Researchers from IBM’s X-Fore Application Security team have discovered a new serialization vulnerability that affect more than 55% of Android phones. According to the researchers, the vulnerability could allow attacks to perform arbitrary code execution and gain access to a user’s device.
The vulnerability is nestled within the Android platform, and it affects Android Jelly Bean, KitKat, Lollipop and M Preview 1.
Microsoft releases Windows 10 IoT core
Microsoft has announced the public release of its Windows 10 IoT core for Raspberry Pi 2 and the MinnowBoard MAX. A preview of Windows 10 IoT Core was first announced at Microsoft’s Build conference. Today’s release comes with improved Node.js and Python support, improved GPIO performance, an analog-to-digital converter and pulse-width modulation support, and new Universal Windows Platform (UWP) APIs.
In addition, the IoT solution provides full support for standard UWP languages such as C#, JavaScript, C++ and Visual Basic.
“Our philosophy is that we want to make it easy for developers to use the languages and frameworks they prefer to build IoT device apps,” wrote Steve Teixeira, director of program management for IoT at Microsoft, in a post.
Opera up for sale
Browser maker Opera is looking for someone to buy up the company.
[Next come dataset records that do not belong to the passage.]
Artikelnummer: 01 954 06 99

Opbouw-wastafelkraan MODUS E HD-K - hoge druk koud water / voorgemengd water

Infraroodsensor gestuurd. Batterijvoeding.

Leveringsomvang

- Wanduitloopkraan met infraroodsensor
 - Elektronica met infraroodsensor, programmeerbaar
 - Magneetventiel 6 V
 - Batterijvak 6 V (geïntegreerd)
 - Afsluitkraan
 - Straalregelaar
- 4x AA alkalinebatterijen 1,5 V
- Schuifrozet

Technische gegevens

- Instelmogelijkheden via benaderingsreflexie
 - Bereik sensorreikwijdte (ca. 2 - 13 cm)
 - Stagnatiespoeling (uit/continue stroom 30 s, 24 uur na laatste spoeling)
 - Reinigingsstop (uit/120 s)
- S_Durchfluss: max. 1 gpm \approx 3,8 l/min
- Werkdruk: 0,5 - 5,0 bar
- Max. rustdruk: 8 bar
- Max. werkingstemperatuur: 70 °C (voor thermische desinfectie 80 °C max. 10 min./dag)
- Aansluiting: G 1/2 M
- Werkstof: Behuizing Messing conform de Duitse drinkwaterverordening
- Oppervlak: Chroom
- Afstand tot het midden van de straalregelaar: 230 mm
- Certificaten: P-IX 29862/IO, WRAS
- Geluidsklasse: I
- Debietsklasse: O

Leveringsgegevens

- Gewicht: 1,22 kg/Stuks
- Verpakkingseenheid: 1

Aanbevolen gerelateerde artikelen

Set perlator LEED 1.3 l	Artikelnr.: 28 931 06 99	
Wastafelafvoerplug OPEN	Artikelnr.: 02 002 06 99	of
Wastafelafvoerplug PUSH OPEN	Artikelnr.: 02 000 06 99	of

The news comes after the company’s reported second-quarter revenue in which it failed to meet expectations. In a statement, the company said it is looking to sell “in response to strategic interest in the company from a number of parties.”
OpenSSH 7.0 released
Version 7.0 of the OpenSSH implementation of the SSH 2.0 security protocol has been released, including SFTP client and server support, along with new features, bug fixes and updates.
The main focus of the release is to deprecate weak, legacy and unsafe cryptography. OpenSSH will now refuse all RSA keys smaller than 1,024 bits, disable several ciphers and MD5-based HMAC algorithms, and fix weaknesses related to writable TTYs, PAM support privilege separations, and MaxAuthTries keyboard-interactive authentications.
New features include a PubkeyAcceptedKeyTypes option to control public key types, a HostKeyAlgorithms option to control host authentications, extended ciphers and algorithms beyond default, and a PermitRootLogin password feature. More details are available in the full release notes.
Canonical open-sources Ubuntu One file-syncing code
Canonical announced it is open-sourcing the largest piece thus far of its Ubuntu One file syncing code.
The server-side code is what desktop clients connect to when syncing local or remote changes. Canonical is releasing it under an AGPLv3 license and it is encouraging developers to fork the code into their own projects. The company released a FAQ associated with the newly open-source Ubuntu One code.